Sean Hollister: ‘Google’s seven-year Pixel update promise is historic — or meaningless’
Sean Hollister, writing for The Verge about Google supposed 7-year guaranteed updates for the Pixel 8 lineup:
[A Google spokesperson] also wrote that “not every update is available for every phone due to various limitations,” without describing those limitations. What could they possibly be? The Pro does have 12GB of RAM vs. 8GB on the non-Pro, but it’s hard to imagine that being the blocker on something as simple as camera controls — or, for that matter, features that don’t even run on your device but rather in the cloud.

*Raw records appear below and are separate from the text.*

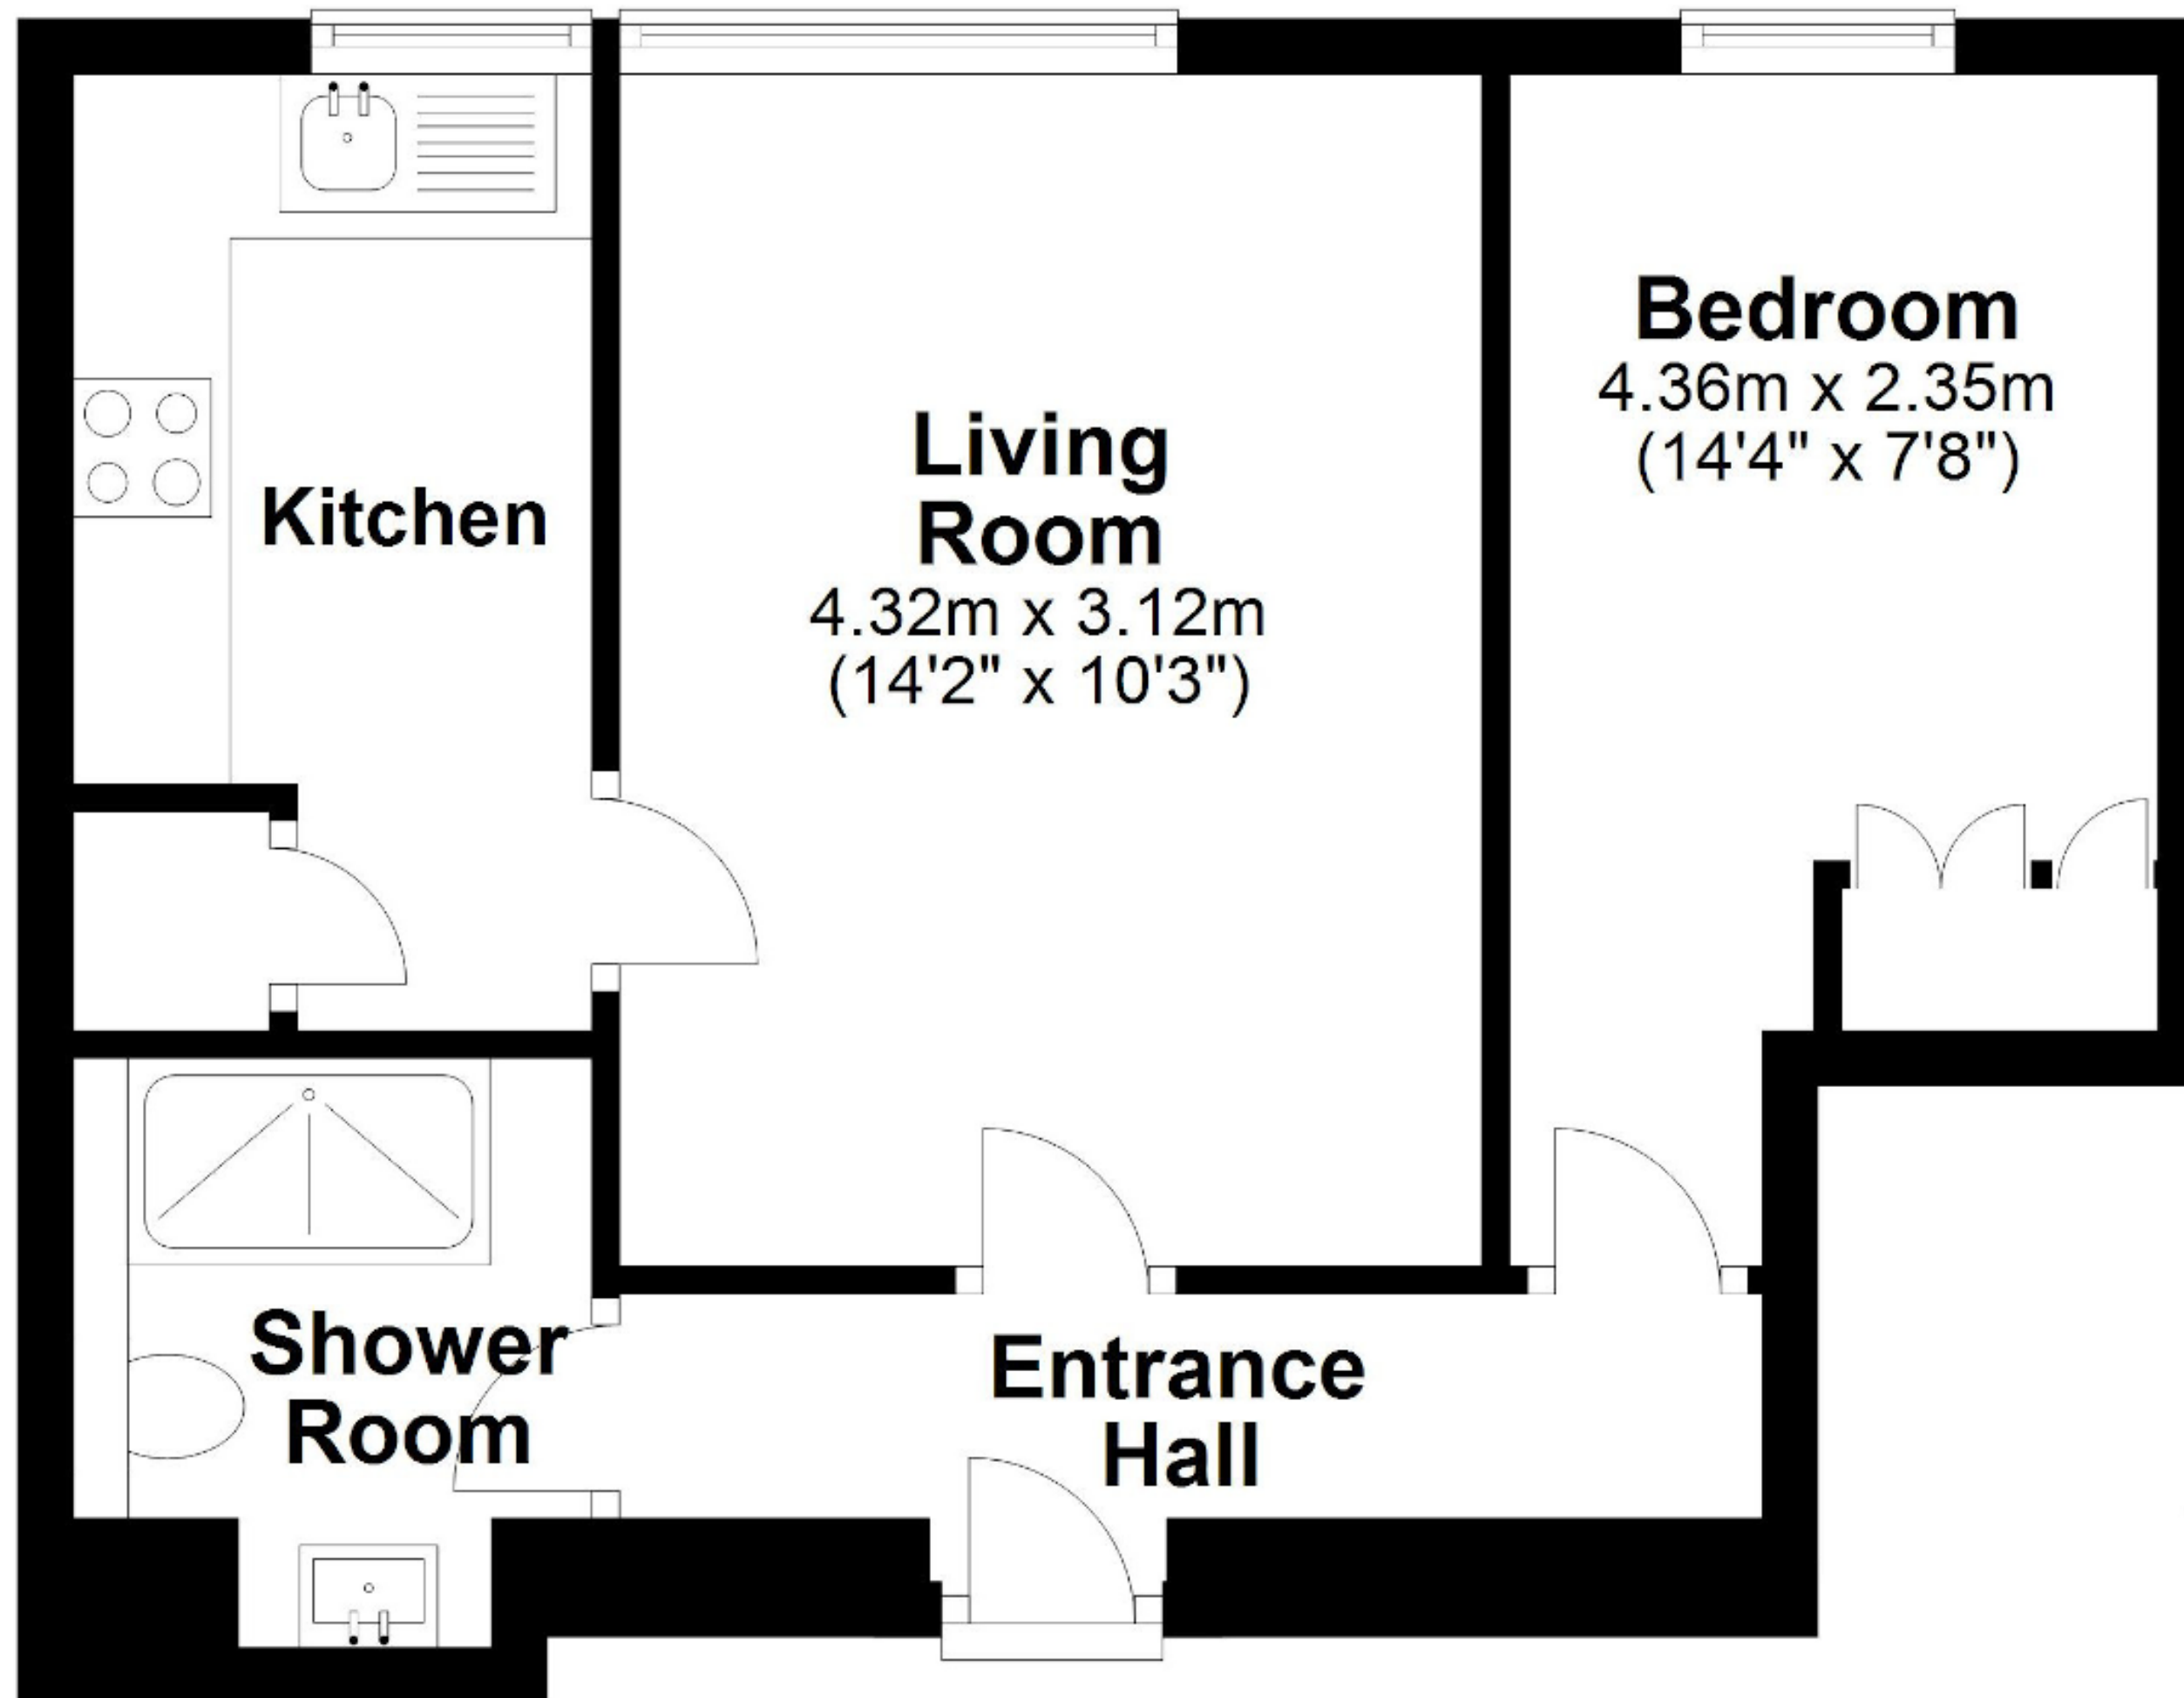

# Top Floor

Approx. 37.6 sq. metres (404.6 sq. feet)

Total area: approx. 37.6 sq. metres (404.6 sq. feet)

Whilst every attempt has been made to ensure the accuracy of the floor plans contained here, measurements of doors, windows and rooms are approximate and no responsibility is taken by Reside Bath Limited for any error, omission or mis-statement. These plans are for representation purposes only as defined by RICS Code of Measuring Practice and should be used as such by any prospective Tenant. © Copyright Reside Bath Limited 2019. Any copying, reproduction or unauthorised use of this floor plan is strictly prohibited.

Plan produced using PlanUp.

**Flat 6, Milsom Apartments, Milsom Street, Bath, BA1**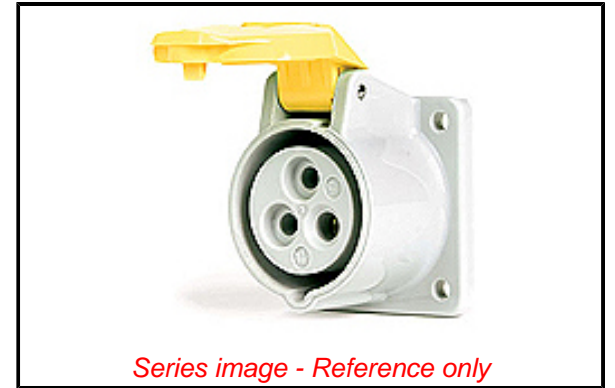

PLEASE CHECK WWW.MOLEX.COM FOR LATEST PART INFORMATION

Part Number: [1301500289](#)
Status: **Active**
Overview: [Watertite Wet-Location Wiring Solutions](#)
Description: 20 Amp Watertite Pin and Sleeve Receptacle with Flip Lid, 2 Pole/3 Wire, 277V, Gray

Documents:

[RoHS Certificate of Compliance (PDF)](#)

General

Product Family	Wiring Devices
Series	130150
Comments	IEC Configuration 309-1/309-2, IEC Configuration 309-1/309-2
Exclude SD Check	Yes
IP Rating	IP67
NEMA Configuration	N/A
Overview	Watertite Wet-Location Wiring Solutions
Product Name	Watertite
Receptacle Type	Single
Specialty	Pin and Sleeve
Type	Receptacle
UPC	78172500400

Physical

Flange	Yes
Flip Lid	Yes
Gender	Female
Length	241.30mm (9.500")
Locking Blade	No
Poles	2-pole/3-wire

Electrical

Cord Type	N/A
Current - Maximum per Contact	20.0A
GFCI	No
Lighted Connector	No
Voltage - Maximum	277V

Material Info

Engineering Number	320R5

Series image - Reference only

EU ELV

Not Reviewed

EU RoHS

Not Reviewed

REACH SVHC

Not Reviewed

Halogen-Free

Status

Not Reviewed

For more information, please visit [Contact US](#)

China ROHS

Not Reviewed

ELV

Not Reviewed

RoHS Phthalates

Not Reviewed

Search Parts in this Series

[130150 Series](#)

Speaking of that, Google did tell Android Authority why one specific feature is exclusive to Pixel 8 Pro: “the cost of the cloud infrastructure required to run Video Boost processing” is behind the decision to gate it behind the pricier phone for now. Video Boost is in the cloud, so it has nothing to do with the phone’s capabilities and everything to do with economics.
And frankly, that’s what I’m worried about for the entirety of Google’s seven-year promise.
It has me skeptical too. Apple doesn’t come out and say OS updates are guaranteed for its devices ahead of time. But they’ve shown us over time that they do their best to support a device for as long as possible. Action speaks louder than words, and all that.
Here’s something else to think about. Sure, there are some new OS features that doesn’t get back ported to the oldest devices. But those are the exception, not the rule. Google’s wording makes it seem like they’ll sprinkle features out, but, as Hollister points out, they could never get a full OS upgrade. It might become harder than ever to distinguish what your Pixel can and can’t do.